Bob Mackin
The B.C. Ministry of Health waited three days to notify the public about B.C.’s first monkeypox case last year.
Email released under freedom of information, after more than a year-long delay, included a message at 5:23 p.m. on June 3, 2022 from deputy provincial health officer Dr. Reka Gustafson to provincial health officer Dr. Bonnie Henry and Vancouver Coastal Health chief medical officer Dr. Patty Daly.
“Please find attached a draft information bulletin that we thought we would send out on Monday,” Gustafson wrote.
The headline said “first monkeypox case detected in B.C.”
The previous day, June 2, 2022, a medical microbiologist at the B.C. Centre for Disease Control (BCCDC) forwarded an email from a doctor titled “monkeypox suspected case.”
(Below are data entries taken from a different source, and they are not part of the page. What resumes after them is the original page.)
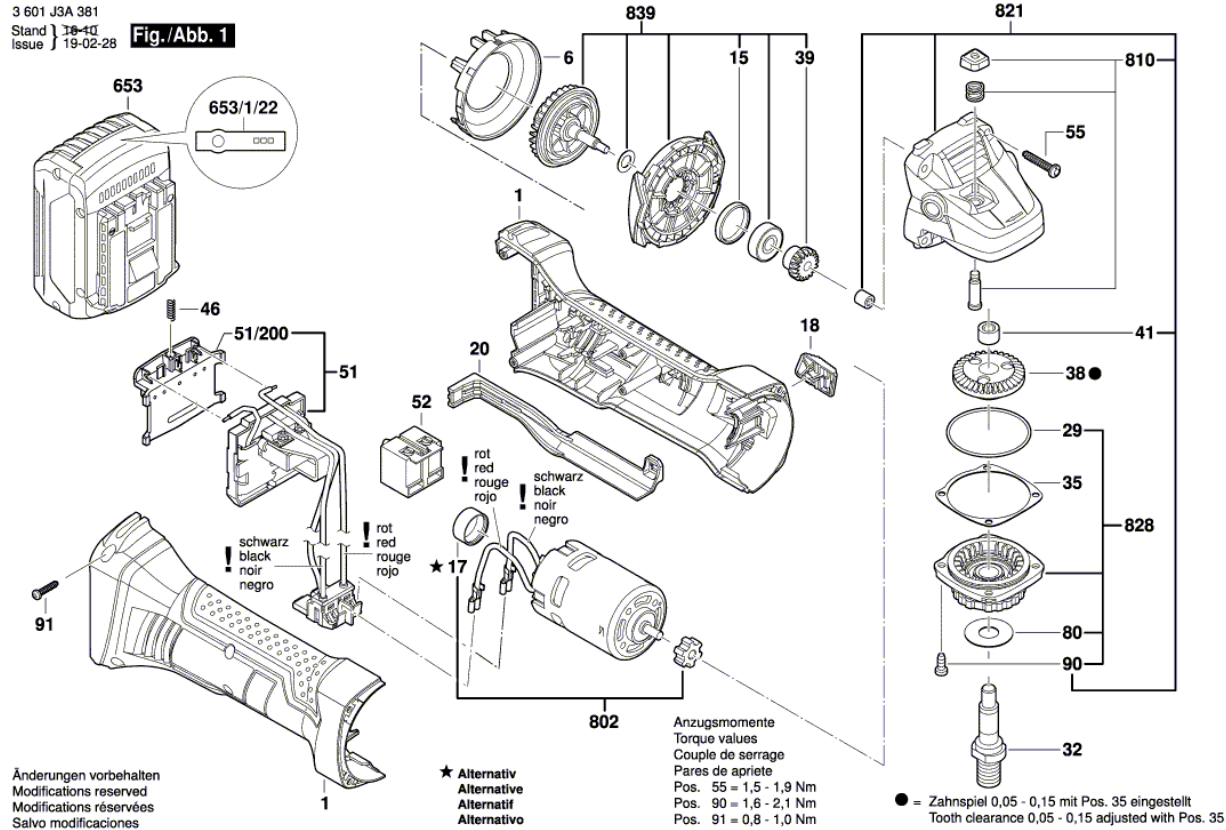

## Spare parts list

Item	Part Number	Description
1	1 605 108 282	Housing Section BLUE
6	1 600 591 046	Air-Deflector Ring
15	1 600 206 025	Rubber Ring
17	1 600 A00 1PY	Cover
18	1 619 P02 812	Switch Button
20	1 619 P12 305	Adjusting Slide
29	1 619 P02 820	O-Ring 44,0x1,0 MM
32	1 603 523 111	Grinding Spindle M10, SW12
35	1 619 P02 821	Shim 0,1 MM
35	1 619 P02 822	Shim 0,2 MM
38	1 619 P12 306	Crown Gear
39	1 619 P12 307	Bevel Gear
41	1 600 200 029	Plain bearing
46	1 609 280 477	Compression Spring
51	1 607 233 340	Electronics Module
51/200	1 609 280 478	Contact retainer
52	2 607 202 071	On-Off Switch
55	2 603 490 024	Torx Oval-Head Screw 4x25
80	1 619 P09 390	Cover Disc
90	1 603 435 068	Thread-forming tap. Screw DIN 7500, M4x10, SR10.2
91	1 603 435 071	Thread-forming tap. Screw
653	1 607 A35 0M0	Battery Pack GBA 18V 4.0Ah
653	1 607 A35 0MA	Battery Pack GBA 18V 2.0Ah
653	2 607 337 069	Battery Pack BBS MR, 18V, 5,0 Ah 48 S
653/1/22	2 601 115 537	Sticker
802	1 617 000 6B0	DC motor 18V
810	1 619 P02 873	Push-Button
821	1 617 000 6B2	Gear Housing
828	1 617 000 6B3	Bearing Flange
839	1 600 A00 M8J	Set Of Gearwheels
651	1 600 A00 XU5	Protective Cover Ø100 MM SILVER
652	2 607 225 439	Fast Charger CN 220/10,8-18V, 1h
652	2 607 226 267	Fast Charger CN GAL 18V-40
891	1 602 025 09T	Auxiliary Handle

**Spare parts list**

<b>Item</b>	<b>Part Number</b>	<b>Description</b>
892	1 619 P09 976	Round Nut With 2 Holes
893	1 619 P08 928	Pin-Type Face-Wrench
895	1 605 703 113	Clamping-Flange M10, 16-20 MM
896	1 615 430 020	Grease Tube 225 ML
897	1 605 430 003	Grease Tube 225 ML

Illustration - Type - E

Illustration - Type - E

3 601 J3A 381  
Stand | 14-12-03  
Issue | 14-12-05 **Fig./Abb. 2**

Änderungen vorbehalten  
Modifications reserved  
Modifications réservées  
Salvo modificaciones

Dr. Victor Leung said the patient’s symptoms included fever, chills, tinnitus, dizziness, night sweats and a sore throat. The 54-year-old Vancouverite, who had visited Montreal, had been notified at 2 a.m. by one of his sexual contacts that he had tested positive.
The email said the patient was isolating at home after Leung, two registered nurses and one phlebotomist had seen him. Leung reported that they took various nasal, oral, urine and blood samples from the man while following strict contact/droplet/airborne personal protective equipment protocol.
BCCDC epidemiologist Dr. Danuta Skowronski was concerned that the patient’s personal information may have been compromised because of email shared with the Ministry of Health. “I suggest everyone now delete the messages containing this information, unless required,” Skowronski wrote.
“The .gov email addresses are indeed behind the firewall now so that is no longer an issue,” Henry responded. “But of course a reminder to treat confidential information carefully is always good.”
Christine Hogan, the BCCDC medical microbiologist, provided an update before 6 p.m., with a caution that BCCDC testing was “unvalidated and preliminary given have not previously had positive cases.”
Then, just over a half-hour later, she called the initial results “compelling.”
“Seven of the eight tested samples are positive for monkeypox. Interestingly, we also received notice that the patient has in the meantime developed vesicular lesions (or fluid-filled blisters),” Hogan wrote.
On the morning of June 3, 2022, Ministry of Health communications director Clay Suddaby asked Henry if she had been advised of the confirmed case and told her that the Provincial Health Services Authority was working on an information note. Henry confirmed she had been in touch with Minister Adrian Dix about the situation.
“Not yet officially confirmed as that requires testing at [the national microbiology laboratory],” Henry said. “But yes I know the details and am happy to talk to it if needed. I expect we won’t get confirmation until next week. I have updated the Minister as well.”
“If it’s not yet fully confirmed then I don’t think we need to make a statement or do media unless approached,” Suddaby wrote.
The approach happened June 6 at 7:14 a.m., when a CBC reporter emailed government communications asking about the first case. That unleashed a flurry of activity involving multiple officials from BCCDC, the Ministry and Government Communications and Public Engagement before they issued the news release that Gustafson had drafted three days earlier.
Confirmation was still pending from the national microbiology lab, but the key messages list said the risk to the public was very low and the disease was spread “through contact with sores and items with the virus on them. It can also spread through respiratory droplets during prolonged close contact.”
According to the BCCDC website, there have been 199 confirmed cases of monkeypox in B.C., 159 of them in the Vancouver Coastal Health region. The 2022 outbreak was declared over Jan. 9, 2023 and most cases stemmed from close, intimate contact during sex. A vaccine, called Imvamune, is available to close contacts and those at highest risk.
It is not the first time that the Ministry of Health has delayed telling the public about a spreading disease. On Christmas Day in 2021, the BCCDC lab confirmed the U.K. variant of COVID-19 had been detected in B.C., but the announcement was not made until the day after Boxing Day.
In the 2007 final report of Ontario’s SARS Commission, Judge Archie Campbell recommended public health officials adopt the precautionary principle, to prevent potentially fatal delays.
“The importance of the precautionary principle that reasonable efforts to reduce risk need not await scientific proof was demonstrated over and over during SARS,” said the report.
B.C.’s Freedom of Information and Protection of Privacy Act contains a public interest override clause, that requires a public body to disclose to the public information, without delay, about the risk of significant harm to the health or safety of the public.
A reporter paid the $10 application fee on June 7, 2022, seeking documents about the spread of monkeypox to B.C. The file was finally disclosed last week, after a complaint to the Office of the Information and Privacy Commissioner. The FOI law contains no penalty for a public body that disobeys disclosure deadlines.
In the most-recent thee-year report card on timeliness of FOI disclosures, Information and Privacy Commissioner Michael McEvoy reported in September 2020 that the Ministry of Health was one of the worst performers. Its on-time score fell from 74 to 55 since 2017 and average processing times increased from 51 business days to 65. The Ministry of Health boasts the government’s biggest budget at $28.67 billion this year.